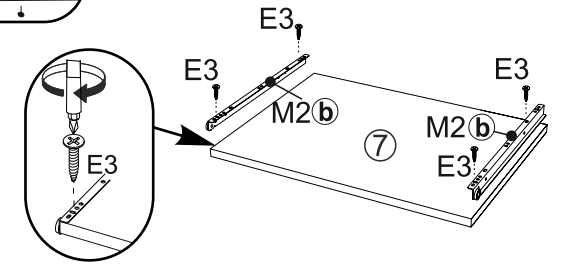

№	axb	x
1	720x440	1
2	440x230	2
3	720x440	1
4	538x180	1
5	720x440	1
6	820x600	1
7	513x384	1

ENG **Computer desk "SKM-12"**

UA **Стіл комп'ютерний "СКМ-12"**

736mm

Computer desk "SKM-12"
Стіл комп'ютерний "СКМ-12"

- | | |
|--------------------------|----------------------|
| 1x
a b
L=350 mm M2 | 8x
φ 3.5x16 mm E3 |
| 6x
φ 8x30 A1 | 6x
K2 |

- | | | |
|----------|---------|----------------------|
| 12x
B | 1x
R | 12x
φ 6,4x50mm B1 |
|----------|---------|----------------------|
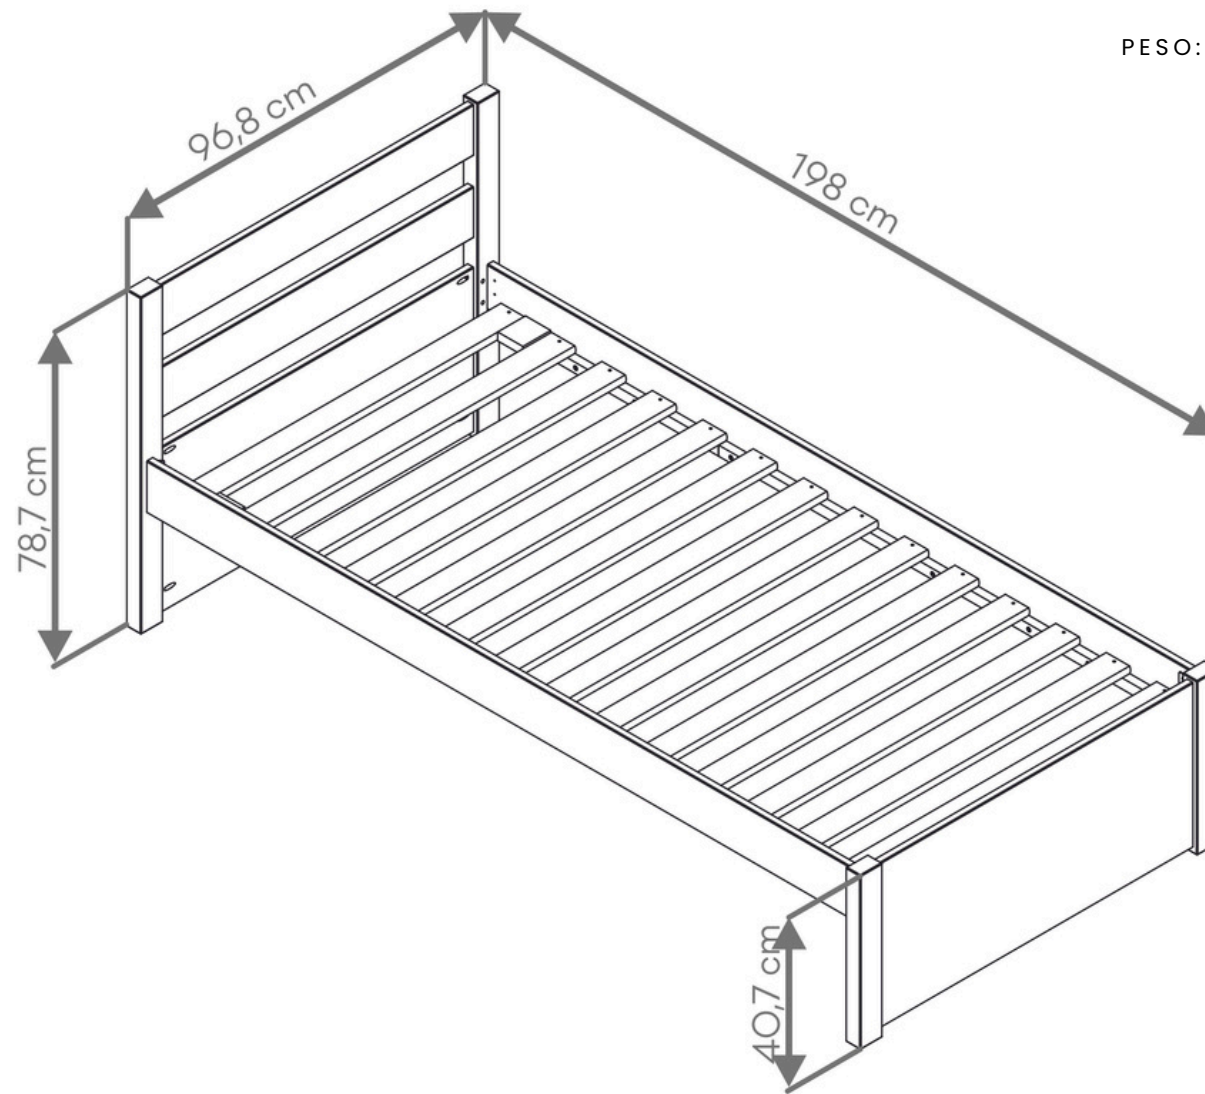

UNIQUE BRANCO LAVADO

REFERÊNCIA: 22577

MEDIDAS: 1980 X 960 X 400MM

PESO: 26KG

ACABAMENTO

BRANCO
LAVADO

◇ ◇ ◇ ◇

=== To do ===
The preceding listing must be repeated exactly, with all images dropped.

=== Reply ===
№	axb	x
1	720x440	1
2	440x230	2
3	720x440	1
4	538x180	1
5	720x440	1
6	820x600	1
7	513x384	1

ENG **Computer desk "SKM-12"**

UA **Стіл комп'ютерний "СКМ-12"**

736mm

Computer desk "SKM-12"
Стіл комп'ютерний "СКМ-12"

- | | |
|--------------------------|----------------------|
| 1x
a b
L=350 mm M2 | 8x
φ 3.5x16 mm E3 |
| 6x
φ 8x30 A1 | 6x
K2 |

- | | | |
|----------|---------|----------------------|
| 12x
B | 1x
R | 12x
φ 6,4x50mm B1 |
|----------|---------|----------------------|

UNIQUE BRANCO LAVADO

REFERÊNCIA: 22577

MEDIDAS: 1980 X 960 X 400MM

PESO: 26KG

ACABAMENTO

BRANCO
LAVADO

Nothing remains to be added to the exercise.